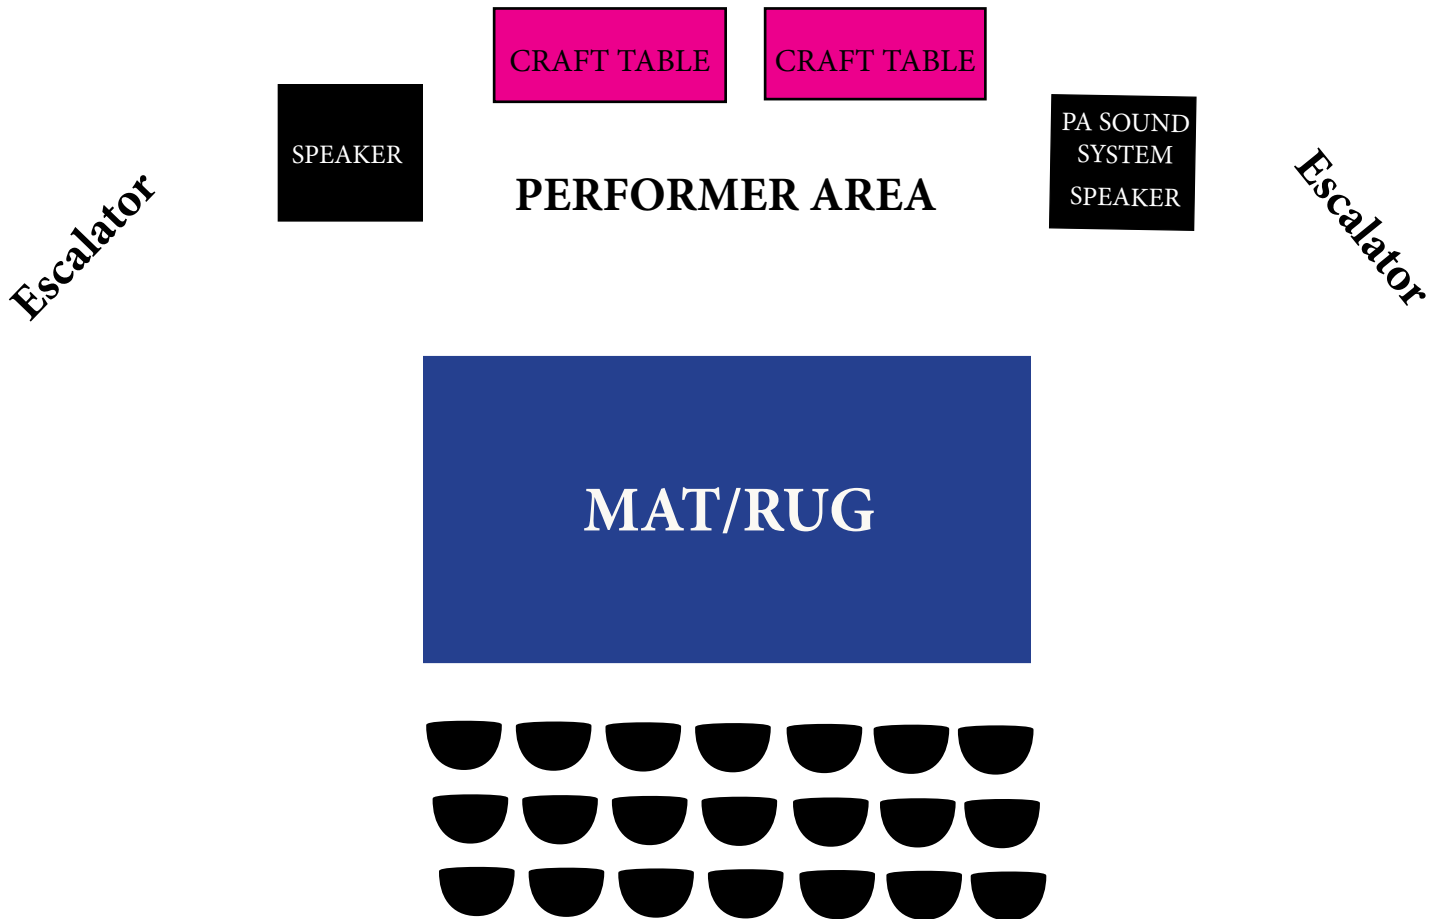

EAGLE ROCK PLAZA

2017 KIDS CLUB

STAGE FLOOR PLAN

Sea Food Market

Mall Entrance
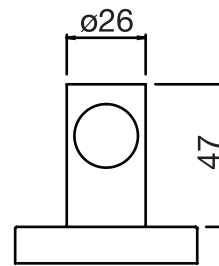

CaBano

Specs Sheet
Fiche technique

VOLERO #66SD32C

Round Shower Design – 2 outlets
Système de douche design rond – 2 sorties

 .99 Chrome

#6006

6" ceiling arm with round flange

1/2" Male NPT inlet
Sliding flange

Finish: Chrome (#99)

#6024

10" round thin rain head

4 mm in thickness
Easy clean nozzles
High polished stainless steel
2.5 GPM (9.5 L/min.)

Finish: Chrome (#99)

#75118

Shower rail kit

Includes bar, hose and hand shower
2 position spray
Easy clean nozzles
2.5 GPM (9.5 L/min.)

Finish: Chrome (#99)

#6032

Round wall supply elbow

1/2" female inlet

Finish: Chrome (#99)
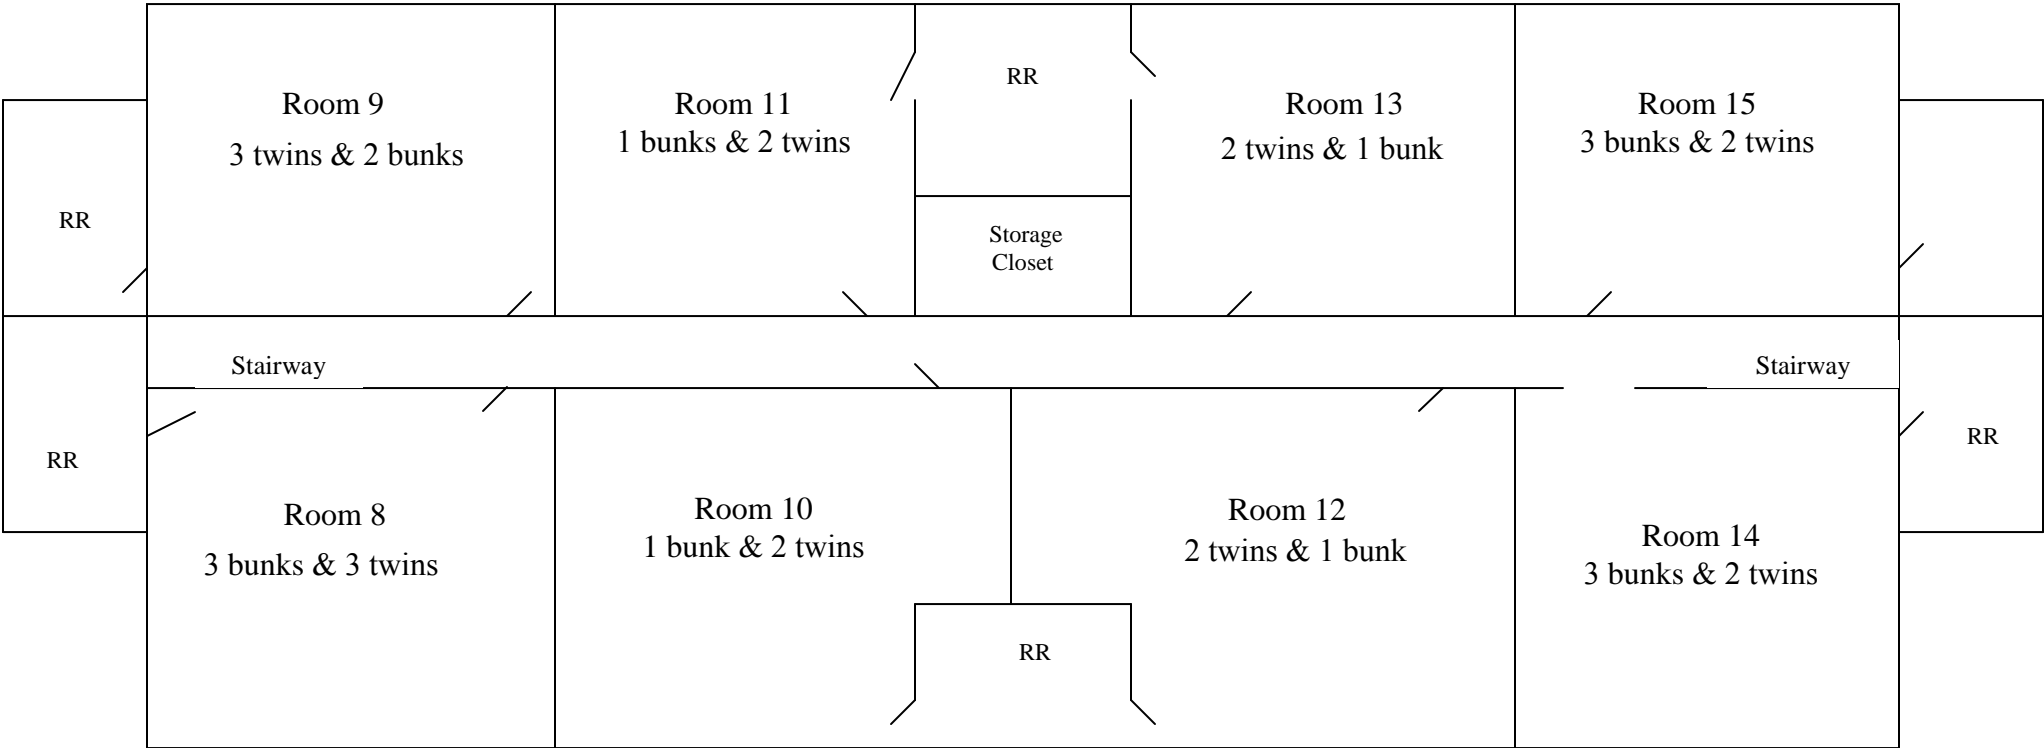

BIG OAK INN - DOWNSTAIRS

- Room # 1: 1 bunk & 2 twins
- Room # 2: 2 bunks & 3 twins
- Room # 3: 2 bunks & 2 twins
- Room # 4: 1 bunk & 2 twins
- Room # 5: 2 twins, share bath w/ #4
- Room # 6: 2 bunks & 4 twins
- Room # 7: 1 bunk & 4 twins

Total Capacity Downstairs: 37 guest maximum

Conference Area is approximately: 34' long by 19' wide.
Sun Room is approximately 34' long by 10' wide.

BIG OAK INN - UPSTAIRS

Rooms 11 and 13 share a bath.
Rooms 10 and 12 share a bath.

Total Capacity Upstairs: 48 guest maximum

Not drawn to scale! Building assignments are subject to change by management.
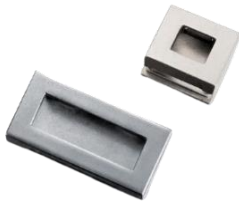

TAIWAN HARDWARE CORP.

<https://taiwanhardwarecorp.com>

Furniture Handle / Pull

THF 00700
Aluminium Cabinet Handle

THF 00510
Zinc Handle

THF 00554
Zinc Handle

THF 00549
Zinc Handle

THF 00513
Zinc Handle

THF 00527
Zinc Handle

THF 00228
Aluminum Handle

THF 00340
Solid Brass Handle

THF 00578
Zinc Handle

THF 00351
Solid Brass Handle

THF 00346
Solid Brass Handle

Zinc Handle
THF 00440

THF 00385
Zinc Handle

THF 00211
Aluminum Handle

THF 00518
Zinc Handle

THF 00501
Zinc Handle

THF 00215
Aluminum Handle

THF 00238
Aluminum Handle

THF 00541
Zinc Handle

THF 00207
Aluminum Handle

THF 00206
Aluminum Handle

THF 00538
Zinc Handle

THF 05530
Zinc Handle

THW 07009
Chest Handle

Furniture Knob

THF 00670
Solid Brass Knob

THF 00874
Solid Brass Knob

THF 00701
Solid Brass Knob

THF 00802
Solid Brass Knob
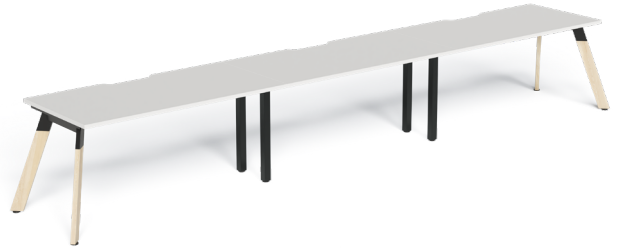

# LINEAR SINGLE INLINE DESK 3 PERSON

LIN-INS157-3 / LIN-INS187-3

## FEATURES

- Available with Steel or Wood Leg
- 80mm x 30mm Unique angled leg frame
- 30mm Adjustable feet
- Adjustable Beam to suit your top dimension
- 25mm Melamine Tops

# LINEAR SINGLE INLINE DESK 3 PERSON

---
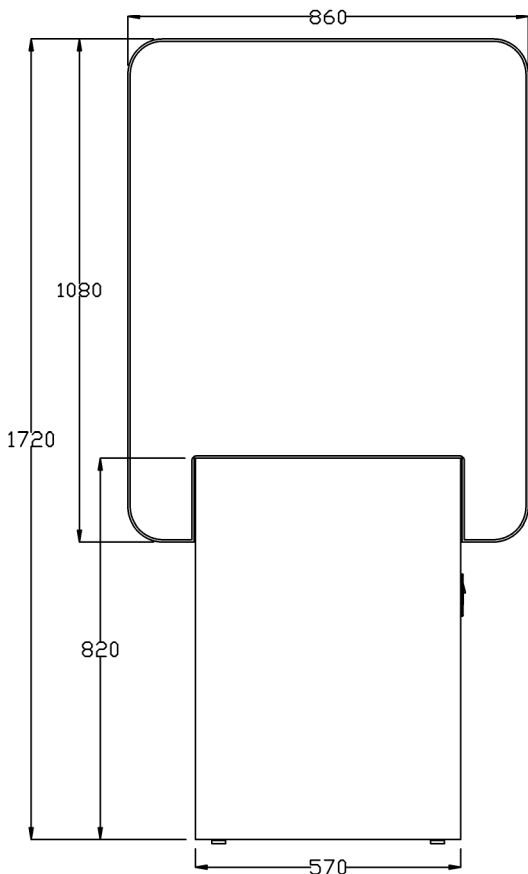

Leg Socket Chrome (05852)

__Task description__:
Copy all the material above exactly, but skip each image.

__Answer to this exercise__:
EAGLE ROCK PLAZA

2017 KIDS CLUB

STAGE FLOOR PLAN

Sea Food Market

Mall Entrance

CaBano

Specs Sheet
Fiche technique

VOLERO #66SD32C

Round Shower Design – 2 outlets
Système de douche design rond – 2 sorties

 .99 Chrome

#6006

6" ceiling arm with round flange

1/2" Male NPT inlet
Sliding flange

Finish: Chrome (#99)

#6024

10" round thin rain head

4 mm in thickness
Easy clean nozzles
High polished stainless steel
2.5 GPM (9.5 L/min.)

Finish: Chrome (#99)

#75118

Shower rail kit

Includes bar, hose and hand shower
2 position spray
Easy clean nozzles
2.5 GPM (9.5 L/min.)

Finish: Chrome (#99)

#6032

Round wall supply elbow

1/2" female inlet

Finish: Chrome (#99)

BIG OAK INN - DOWNSTAIRS

- Room # 1: 1 bunk & 2 twins
- Room # 2: 2 bunks & 3 twins
- Room # 3: 2 bunks & 2 twins
- Room # 4: 1 bunk & 2 twins
- Room # 5: 2 twins, share bath w/ #4
- Room # 6: 2 bunks & 4 twins
- Room # 7: 1 bunk & 4 twins

Total Capacity Downstairs: 37 guest maximum

Conference Area is approximately: 34' long by 19' wide.
Sun Room is approximately 34' long by 10' wide.

BIG OAK INN - UPSTAIRS

Rooms 11 and 13 share a bath.
Rooms 10 and 12 share a bath.

Total Capacity Upstairs: 48 guest maximum

Not drawn to scale! Building assignments are subject to change by management.

TAIWAN HARDWARE CORP.

<https://taiwanhardwarecorp.com>

Furniture Handle / Pull

THF 00700
Aluminium Cabinet Handle

THF 00510
Zinc Handle

THF 00554
Zinc Handle

THF 00549
Zinc Handle

THF 00513
Zinc Handle

THF 00527
Zinc Handle

THF 00228
Aluminum Handle

THF 00340
Solid Brass Handle

THF 00578
Zinc Handle

THF 00351
Solid Brass Handle

THF 00346
Solid Brass Handle

Zinc Handle
THF 00440

THF 00385
Zinc Handle

THF 00211
Aluminum Handle

THF 00518
Zinc Handle

THF 00501
Zinc Handle

THF 00215
Aluminum Handle

THF 00238
Aluminum Handle

THF 00541
Zinc Handle

THF 00207
Aluminum Handle

THF 00206
Aluminum Handle

THF 00538
Zinc Handle

THF 05530
Zinc Handle

THW 07009
Chest Handle

Furniture Knob

THF 00670
Solid Brass Knob

THF 00874
Solid Brass Knob

THF 00701
Solid Brass Knob

THF 00802
Solid Brass Knob

# LINEAR SINGLE INLINE DESK 3 PERSON

LIN-INS157-3 / LIN-INS187-3

## FEATURES

- Available with Steel or Wood Leg
- 80mm x 30mm Unique angled leg frame
- 30mm Adjustable feet
- Adjustable Beam to suit your top dimension
- 25mm Melamine Tops

# LINEAR SINGLE INLINE DESK 3 PERSON

---

Leg Socket Chrome (05852)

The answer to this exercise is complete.